## TASK DETAILS
The answer must be every line of the data that holds the word "Ciudad".

---------- RECORDS PROVIDED

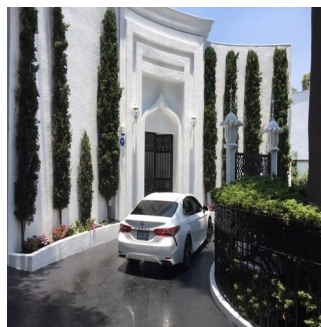

# Venta Espectacular Residencia En El Fraccionamiento El Bosque

Panama, Panamá, Panamá, , , ,

PRECIO DE VENTA

**USD 3000000.00**

- 873 qm
- 8 habitaciones
- 4 dormitorios
- 4 baños
- 4 suelos
- 4 qm superficie terrestre
- 4 plazas de coche

**Pilar Cattori**  
 Inmobiliaria Cattori  
 Ciudad de México, Mexico - Hora Local

+52 (55)55502946

Espectacular residencia en uno de los fraccionamientos más exclusivos del sur de la Ciudad con estricta vigilancia y magníficos servicios. La casa tiene un proyecto muy funcional y majestuoso, con dobles alturas, amplios ventanales, techos con alabastro y candiles austriacos. En planta baja consta de recibidor, estudio, sala principal a doble altura con amplios ventanales y precioso candil, amplio comedor por separado, desayunador, cocina equipada, family, medio baño, sala informal con grandes ventanales y doble altura y salón de juegos con bar. En planta alta, master suite con sala, baño y amplio vestidor y 3 recámaras adicionales con baño cada una. En el exterior, tiene jardín y terraza con asador y 8 lugares de estacionamiento. Se entrega con muebles empotrados, candiles y con algunos muebles.

--------------------

## PROBLEM SOLUTION
 Ciudad de México, Mexico - Hora Local
Espectacular residencia en uno de los fraccionamientos más exclusivos del sur de la Ciudad con estricta vigilancia y magníficos servicios. La casa tiene un proyecto muy funcional y majestuoso, con dobles alturas, amplios ventanales, techos con alabastro y candiles austriacos. En planta baja consta de recibidor, estudio, sala principal a doble altura con amplios ventanales y precioso candil, amplio comedor por separado, desayunador, cocina equipada, family, medio baño, sala informal con grandes ventanales y doble altura y salón de juegos con bar. En planta alta, master suite con sala, baño y amplio vestidor y 3 recámaras adicionales con baño cada una. En el exterior, tiene jardín y terraza con asador y 8 lugares de estacionamiento. Se entrega con muebles empotrados, candiles y con algunos muebles.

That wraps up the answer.